The thermal aggregation behavior of red bean (Phaseolus angularis) globulin (RBG) was studied at ≈1% (w/v) protein concentration in 0.01 M phosphate buffer, pH 7.4. The percentage of protein precipitated was affected by heating temperature, heating time and salt concentration. The influences of several salts of the chaotropic series and protein structure-modifying agents on thermal coagulation of RBG were also investigated. The effects of chaotropic salts did not follow the lyotropic series of anions. Sodium dodecyl sulfate caused a more pronounced reduction in heat-induced aggregation of RBG than did dithiothreitol, while N-ethylmaleimide did not affect aggregation until after a long heating period. Differential scanning calorimetric (DSC) data showed that heat aggregation of RBG was preceded by thermal denaturation. SDS-PAGE showed that heating led to the disappearance of some protein bands, and the basic polypeptide of 11S globulin (legumin) was not found in the buffer-soluble aggregates. Heating caused increases of surface hydrophobicity, again suggesting protein unfolding prior to aggregate formation.

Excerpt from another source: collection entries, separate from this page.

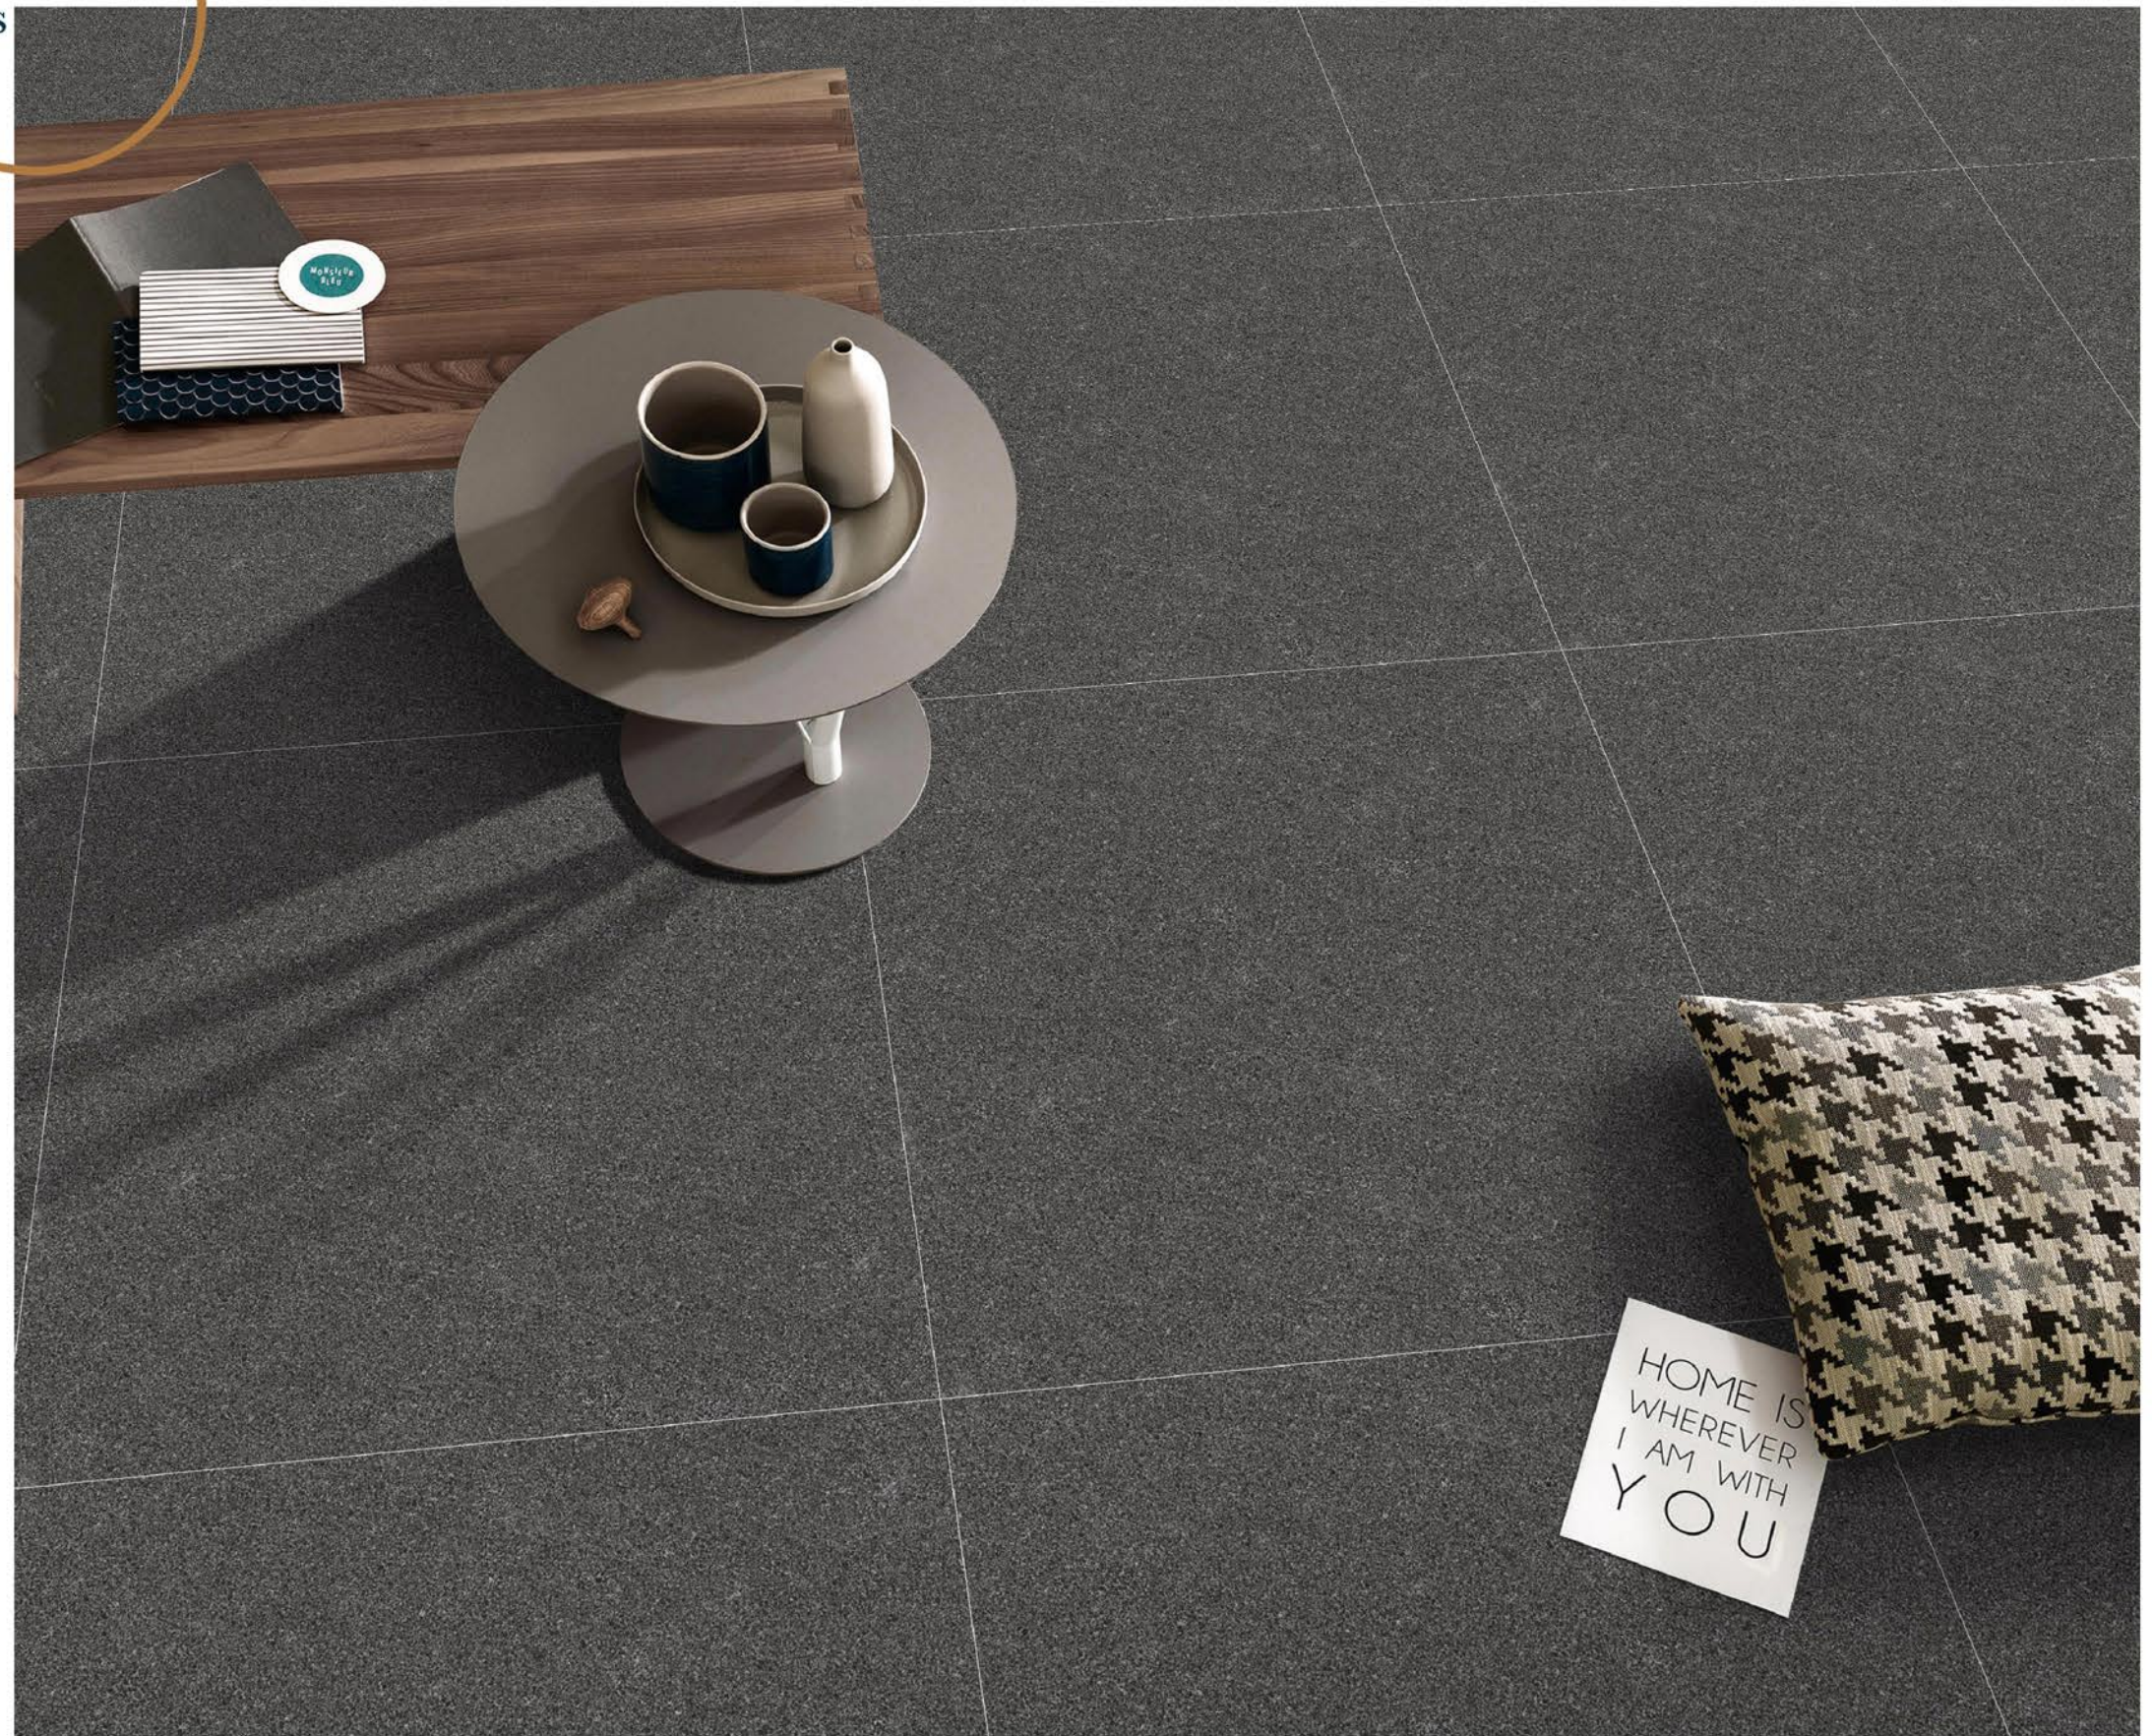

**PORCELINA TILES**

**600X600 MM**

**MATT**  
SERIES

**URBAN BLACK**

**PORCELINE TILES**

**600X600 MM**

**MATT**  
SERIES

**URBAN BROWN**

The buffer-insoluble aggregates did not show any DSC response, indicating extensive denaturation, and had a lower surface hydrophobicity and higher disulfide content than the buffer-soluble aggregates. The data suggest that electrostatic and hydrophobic interactions may play an important role in thermal aggregation of RBG, with disulfide bonds playing a limited role.